Northern bites

What is it about returning to the home of my childhood? I’ve just had four days of pie and chips plus a Sunday roast from my dad’s lovely neighbours.

I have crowed incessantly about the worthiness of my sacrifices of all things considered to be unhealthy for a so called balanced nutritious diet.

“Oh look at my modern healthy lifestyle. I’m such  a brave pioneer to eschew all processed pre-made food for a diet of natural home made goodness. Now where are those darling little clementines?” See the smug expression on my beardy weirdy close to nature little face?

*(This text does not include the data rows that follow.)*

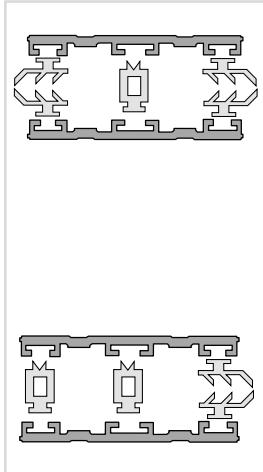

ALPro Rand Oberprofil 1-teilig für 32 mm

inkl. Dichtungsprofile und Distanzstücke, Standardlängen 3,50/4,0/5,0/6,0/7,0 m

Profilbreite	Ausführung	Preis Euro
60 mm	pressblank	21,75 Euro/lfd.m
Weichgummiprofilband in Rollen à 30 m		4,45 Euro/lfd.m
		26,20 Euro/lfd.m

ALPro ISO - PROFIL

ZUR VERLEGUNG VON EBENEN PLATTEN
AUF HOLZ-METALLUNTERKONSTRUKTION
PREISLISTE / 07/2015

ALPro Mitte Oberprofil 2-teilig für 8/10 und 16 mm

inkl. Dichtungsprofile und Thermokern, Standardlängen 3,50/4,0/5,0/6,0/7,0 m

But hang on, there is bacon in my fridge and pancetta lardons in the freezer. I also have a large Tupperware container of white bread flour. Rest assured good people, they are purely for those feeling sorry for oneself desperate, for comfort food days. The bacon will soon be despatched to the freezer; you may breathe easily. Smugness returns in spades. “Now where are my sachets of quinoa, foxglove and sumo wrestler’s armpit tea?” Now back to reality. And it is a harsh reality.

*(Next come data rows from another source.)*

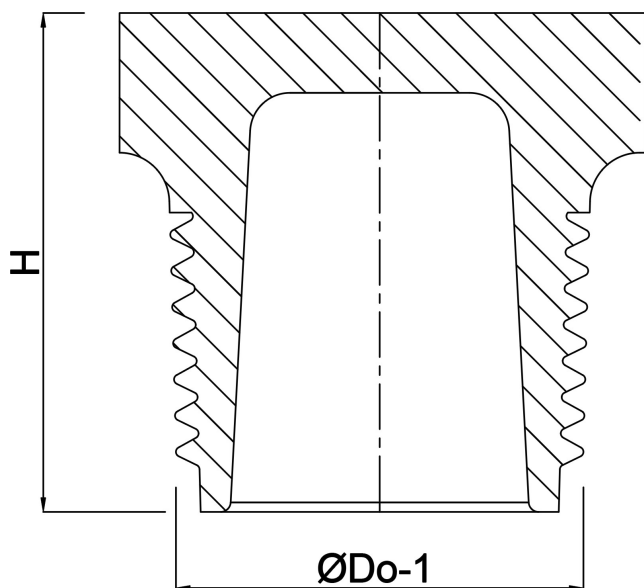

Profec Nr. 290 Stopfen
Edelstahl 316 3/8"
Außengewinde 16bar
(0080172)

REBER
Bewässerungssysteme

TECHNISCHE DATEN

Werkstoff	Edelstahl 316
Anschluss	Außengewinde
Fitting Nr.	Nr. 290
Arbeitsdruck	16 bar
Max. Temp.	100 °C
Maß	3/8"

ABMESSUNGEN

H	17.8 mm
ØDo-1	3/8 "

Generiert am: 13.03.2026

Reber Beregnung GmbH
Gottlieb Daimler Str. 2
67227 Frankenthal
Deutschland
+49 (0) 6233 3772 - 0
info@reberberegnung.de
<http://www.reberberegnung.de>

Short of ringing for a pizza, I cannot live on a leaf pusher’s diet. If I’ve taken the trouble to get off my rear end to go and see my dad I will happily accept the fruits of his freezer. My wheelchair won’t fit into the kitchen anyway. So I will fall on my sanctimonious sword and eat pie and chips with a side salad of tinned spaghetti hoops. The secret nutrition thought police reel in shock.


I will end my argument there. On Thursday morning, I prepared my travelling outfit. I’m not a slave to any fashion but I do like a jacket. It was also another chance to wear a scarf and fingerless gloves.

cjThe journey to Liverpool is now becoming routine. Even the lack of ramps at Euston and the two nights in shining armour who helped me and my chair was nothing out of the ordinary. People are generally fantastic.  As is the “Steve was here” mark on my dad’s skirting boards and doors.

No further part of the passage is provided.